MAS extinction: Apple letting a certificate die isn't a security issue, just an embarrassment
Several Mac developers woke yesterday to find customers unable to use software sold via the Mac App Store (MAS) after Apple let a digital certificate lapse. But security wasn't breached.
When you hear the phrase “digital certificate expired,” you probably immediately assume something terrible happened, your security has in some way been impaired, and you need to take action. Fortunately and unfortunately, that’s not what happened yesterday. Rather, Apple failed to renew a critical digital certificate related to the Mac App Store, and some apps couldn’t be launched or failed as a result of OS X being unable to validate them.
Digital certificates combine cryptographic information with metadata that can include explicit details, such as the date on which it becomes valid and the date after which it should no longer be accepted. The certificate takes the plainly readable text, including expiration date, and encrypts it in such a way that only a party that possesses the private half of a public-private encryption key pair—a fundamental component of many kinds of Internet validation and session security protocols—could have done so.

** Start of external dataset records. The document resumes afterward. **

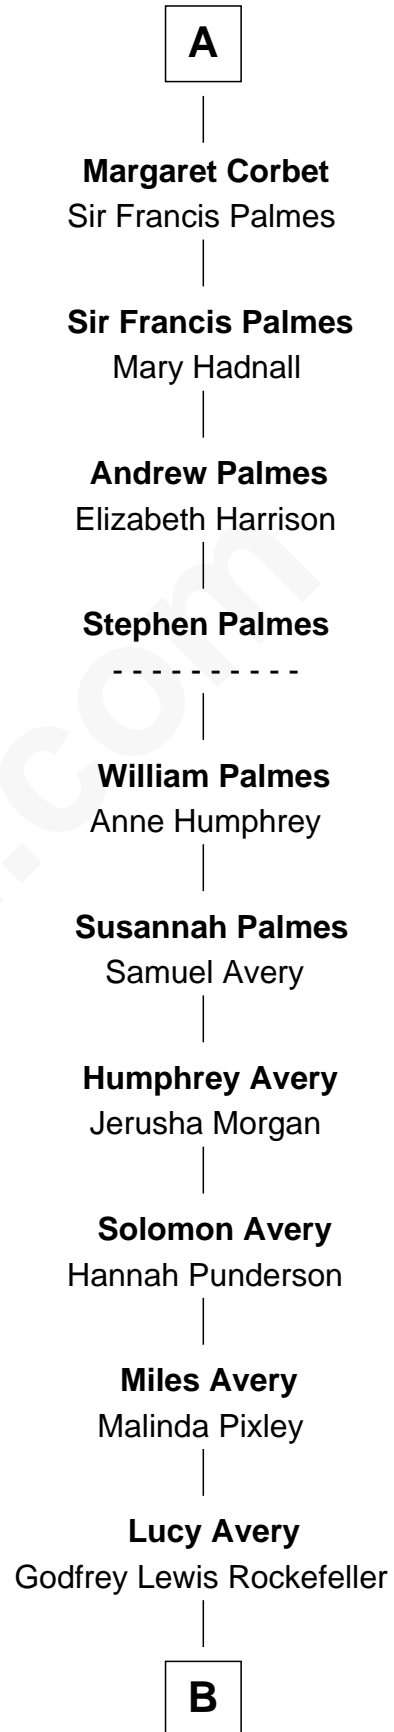

FamousKin.com Relationship Chart of

Jane Seymour

3rd Wife of King Henry VIII

7th cousin 13 times removed of

Nelson Rockefeller

41st U.S. Vice-President

Elizabeth de Badlesmere

with husband
Sir Edmund Mortimer

with husband
Sir William de Bohun

Sir Roger de Mortimer
Philippa de Montagu

Elizabeth de Bohun
Sir Richard Fitzalan

Edmund Mortimer
Philippa Plantagenet

Joan Fitzalan
Sir William Beauchamp

Elizabeth Mortimer
Sir Henry Percy

Joan Beauchamp
James Butler

Elizabeth Percy
Sir John Clifford

Elizabeth Butler
John Talbot

Mary Clifford
Sir Philip Wentworth

Ann Talbot
Sir Henry Vernon

Sir Henry Wentworth
Anne Say

Elizabeth Vernon
Sir Robert Corbet

Margery Wentworth
Sir John Seymour

Sir Roger Corbet
Anne Windsor

Jane Seymour
Wife of King Henry VIII

A

B

|
William Avery Rockefeller

Eliza Davison

|
John Davison Rockefeller
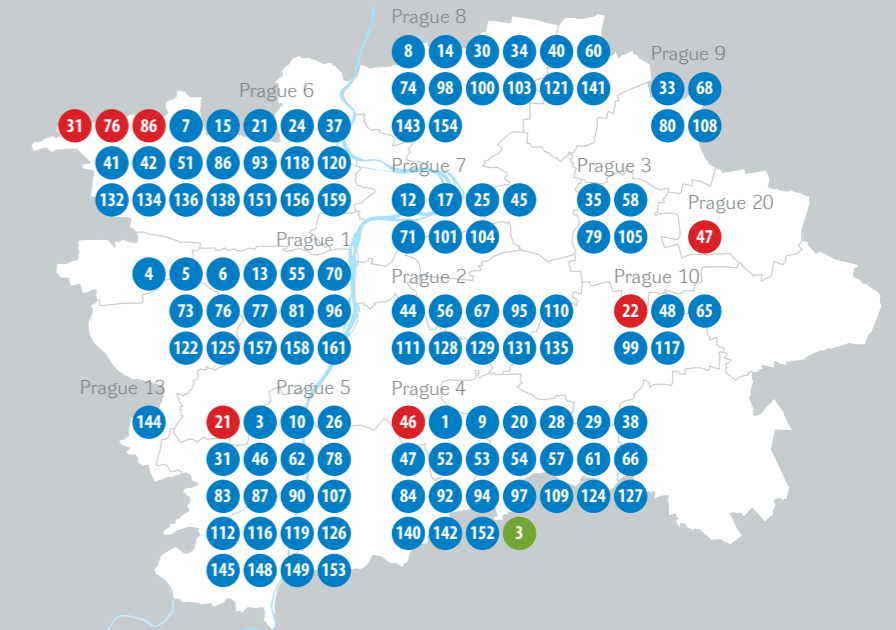

[Data source by JETRO PRAHA Office as of February 2021.]

- * Above figures include also Japanese investments through other countries.
- ** Figures of Investment and Employees include also planning figures and are changeable (Some companies did not announce exact numbers – N.A.). Therefore these numbers are an approximate information only.
- *** Figures of R&D Investment and Employees include also technology centres of Mfg and STS companies.
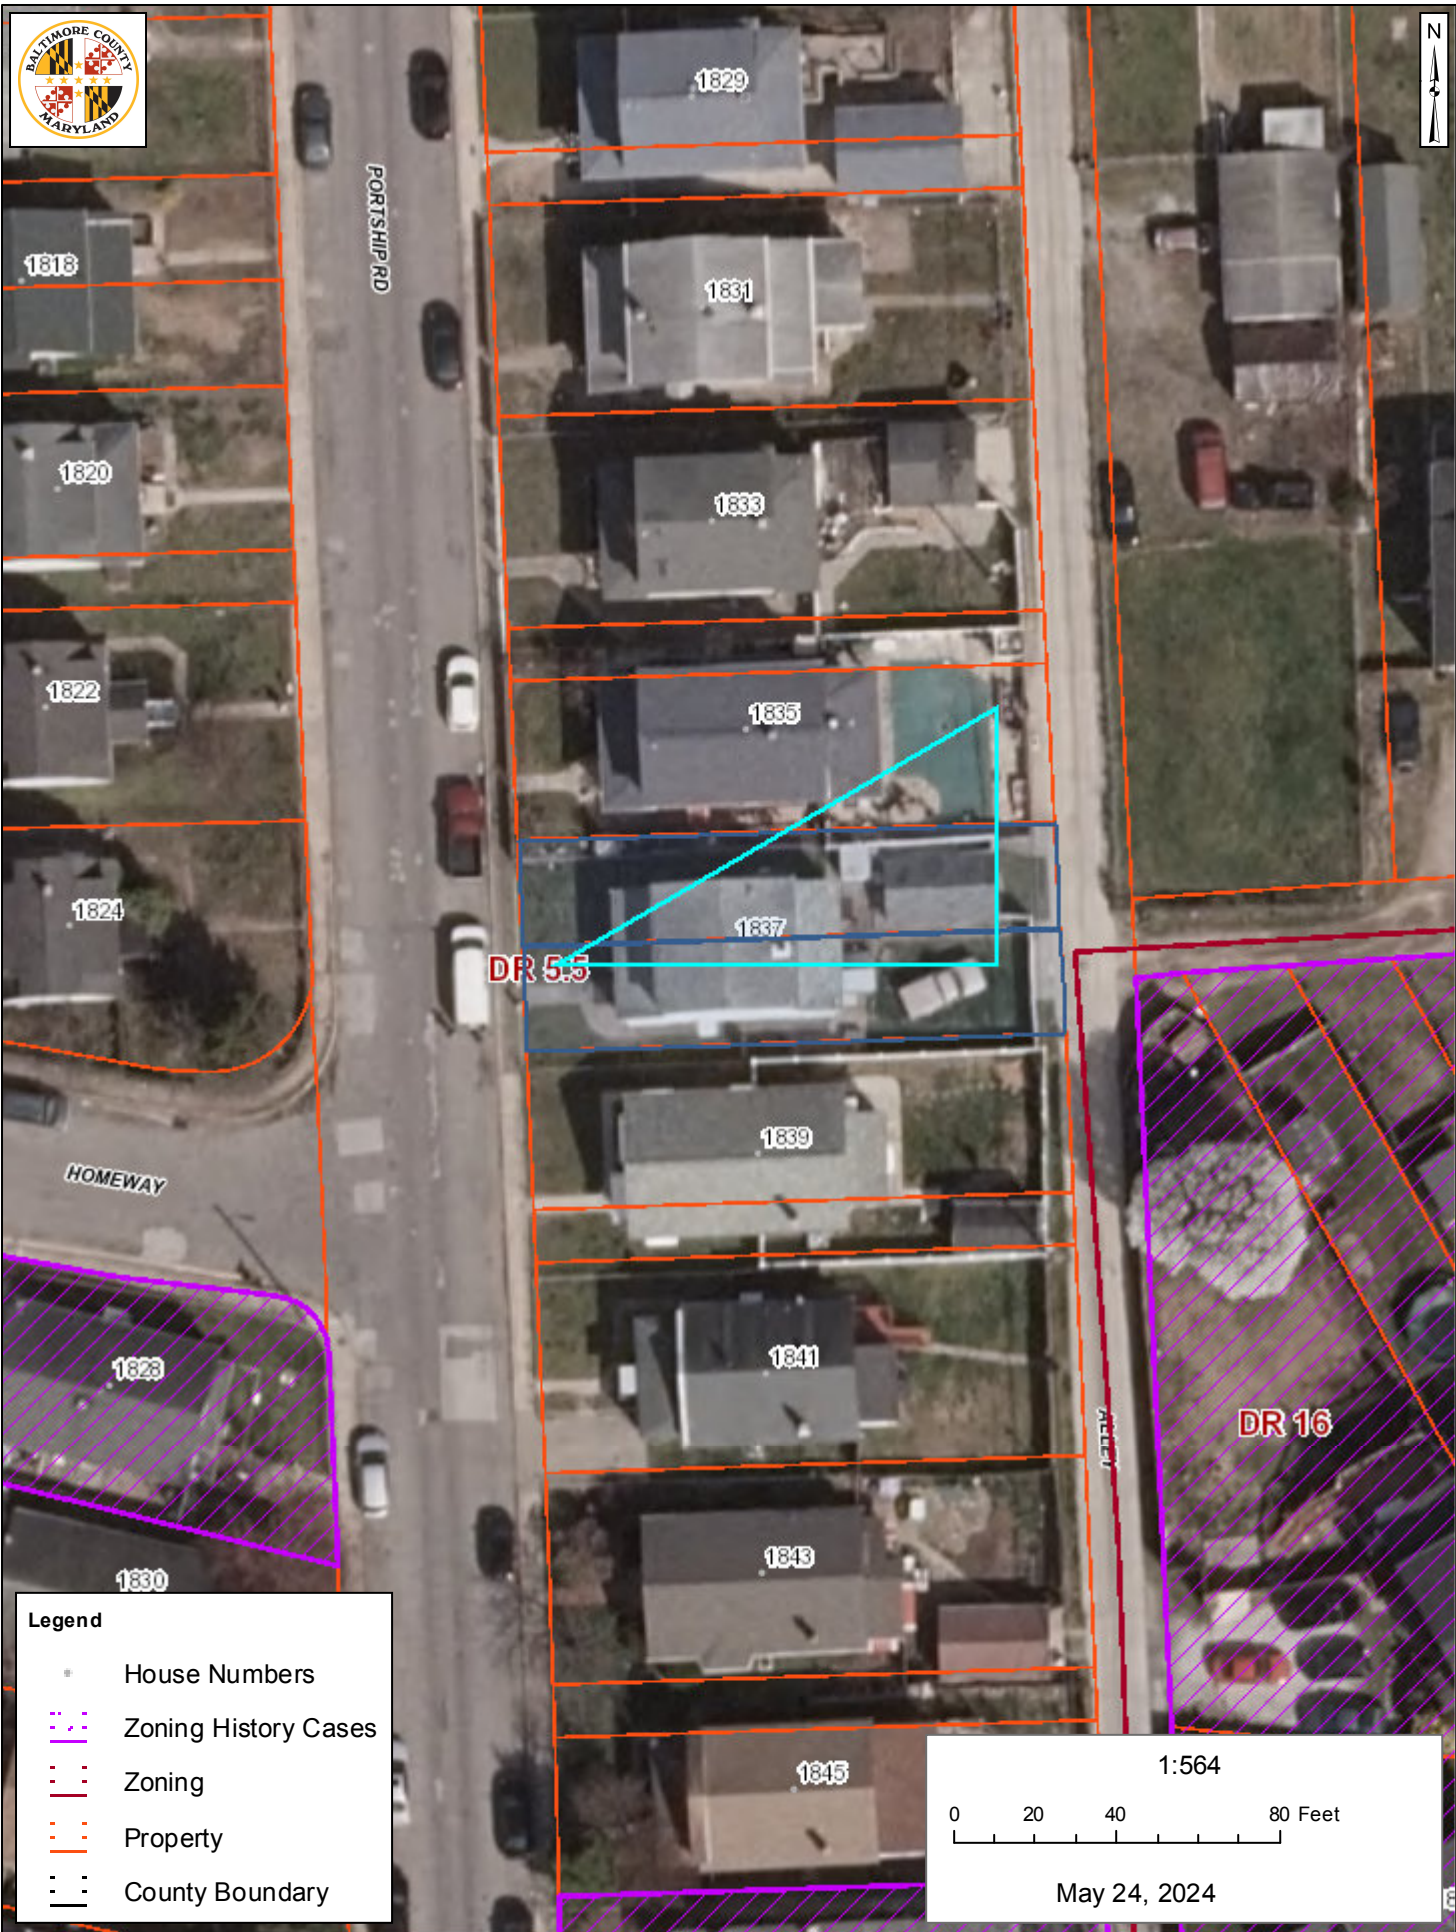

1837 PORTSHIP RD

Legend

- House Numbers
- ▨ Zoning History Cases
- ▨ Zoning
- ▨ Property
- ▨ County Boundary

1:564

0 20 40 80 Feet

May 24, 2024

In this case, this allows OS X to be sure that the software running is a version downloaded from the Mac App Store, instead of something else. With an expired certificate, the software can’t determine that. Instead, it reports the app has been damaged and suggests a user delete and re-download it—which wouldn’t solve the problem.
This is embarrassing, because Apple should have a master tracker and multiple people responsible for ensuring the renewal of all their digital certificates, domain names, and the like—critical pieces of integrity, security, and navigational infrastructure that are directly tied in with the trust of an organization.
Roots of trust
I’ve written many times in this column about how trust on the Internet typically descends from a root of trust. While many aspects of the Internet are decentralized and lack central control, others are deeply hierarchical, although there’s no top-down enforcement to choose one or another.
Take DNS (domain naming system), the protocol that’s used to turn human-readable domain names into Internet Protocol (IP) addresses that are used by system software to direct traffic to the right destination. DNS is decentralized, in that no central authority registers all domain name to IP address mappings. Instead, there’s a hierarchy from the root (literally
. or a dot) through top-level domains (.com, .nz, .aero) to second-level domains (macworld.com, co.uk, and the like) and so on. At each level, delegation takes place.
But DNS has central points of failure: all Internet-enabled devices point to the root to figure out how to descend delegations and find the right domain-to-IP conversion. The root is a number of machines distributed around the world. It’s possible—and was tried years ago—to establish alternative DNS roots and domain-naming systems, but those almost entirely failed to take hold because the current domain systems works just well enough.
It’s not secure, however. While efforts have been made over many years to build cryptographic elements into DNS, and some progress has been made, there’s no way to be sure on any given local area network that a legitimate domain lookup has occurred. (This is called DNS poisoning when such hacks occur.)
Digital certificates, on the other hand, rely on an extensive cross-checks using certificate authorities (CAs), information about which is built into operating systems and separately into some browsers, like Mozilla’s Firefox. CAs counter-sign digital certificates, which allows any device receiving a certificate to validate that the plain-text portion hasn’t been tampered with.
When a certificate fails—whether through an accidental expiration or due to tampering—it’s a reasonable precaution for software to act as if the sky is falling, because there’s no good reason it should fail unless an attack or compromise is underway.
I bring up DNS above, because one of the most common attacks to hijack secure traffic involves suborning a certificate authority (something that has happened with too much frequency) and then poisoning DNS, sometimes at a national level, as in Iran. This lets a fraudulent, but legitimately verifiable certificate be assigned with an illegitimate DNS lookup. It redirects a user’s device securely—to the wrong place.
When the unthinkable happens
But you can approach this from a variety of angles. Apple wasn’t prepared for a certificate failure of this kind, building OS X to assume the software was at fault, rather than Apple. And, to be fair this is a sort of epochal event: It should happen never, or failing that, so rarely as to be implausible.
And yet because Apple’s infrastructure is seemingly so brittle, not only did it happen, it inconvenienced an unknown number of Mac App Store software purchasers, while offloading the frustration and customer-service load to developers.
Apple has reissued its Mac App Store certificate with an expiration date of 2035. But this isn’t a good idea, either. Short-term expirations of a year or two prevent future unexpected and unintended exploitation of integrity guarantees present in digital certificates. Even though Apple controls the use of this certificate, it implies a lack of trust in its ability to remember as a corporate entity to renew it again.
Having caused hundreds of thousands to millions of dollars in lost productivity and staff time to users and developers alike, this might cause more developers to rethink their relationship with the Mac App Store. Its primary advantage is access to iCloud as a means of syncing or storing data, like preferences, instead of requiring the use of Dropbox or developers building their own sync systems.
Some developers discontinued MAS versions an OS X release or two or three ago. This may cause some to reconsider the App Store advantage once again.